Task requirements:
Would you retype the listing below word for word, without any of its pictures?

Collected data:
::::::

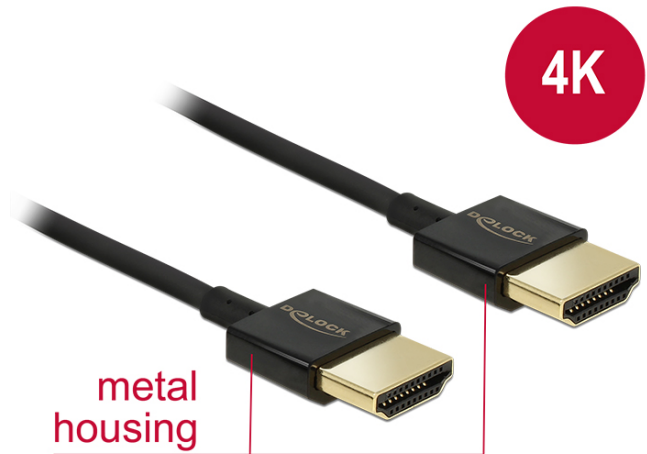

Delock Kabel High Speed HDMI mit Ethernet - HDMI-A Stecker > HDMI-A Stecker 3D 4K 1,5 m Slim Premium

Kurzbeschreibung

Das Premium High Speed HDMI mit Ethernet Kabel von Delock zeichnet sich besonders durch seinen geringen Durchmesser und die kurzen Stecker aus. Das dreifach geschirmte Kabel vereint schnelle Datenübertragung sowie Audio- / Video- und Ethernetverbindung in einem. Durch die Unterstützung einer maximale Bandbreite von 18 Gb/s können Inhalte in 4K Auflösung (maximale Bildrate 60 Hz), 3D Inhalte in 4K Auflösung (maximale Bildrate 30 Hz) sowie Inhalte im 21:9 Kino Bildformat wiedergegeben werden. Das Kabel ermöglicht die gleichzeitige Übertragung von zwei Videokanälen, um Video-Streams für zwei Benutzer auf einem Bildschirm darzustellen, sowie die gleichzeitige Übertragung von bis zu vier Audiokanälen. Die Qualität von Audioübertragungen wird durch die Abtastrate von bis zu 1536 kHz deutlich verbessert.

::::::

Response:
Delock Kabel High Speed HDMI mit Ethernet - HDMI-A Stecker > HDMI-A Stecker 3D 4K 1,5 m Slim Premium

Kurzbeschreibung

Das Premium High Speed HDMI mit Ethernet Kabel von Delock zeichnet sich besonders durch seinen geringen Durchmesser und die kurzen Stecker aus. Das dreifach geschirmte Kabel vereint schnelle Datenübertragung sowie Audio- / Video- und Ethernetverbindung in einem. Durch die Unterstützung einer maximale Bandbreite von 18 Gb/s können Inhalte in 4K Auflösung (maximale Bildrate 60 Hz), 3D Inhalte in 4K Auflösung (maximale Bildrate 30 Hz) sowie Inhalte im 21:9 Kino Bildformat wiedergegeben werden. Das Kabel ermöglicht die gleichzeitige Übertragung von zwei Videokanälen, um Video-Streams für zwei Benutzer auf einem Bildschirm darzustellen, sowie die gleichzeitige Übertragung von bis zu vier Audiokanälen. Die Qualität von Audioübertragungen wird durch die Abtastrate von bis zu 1536 kHz deutlich verbessert.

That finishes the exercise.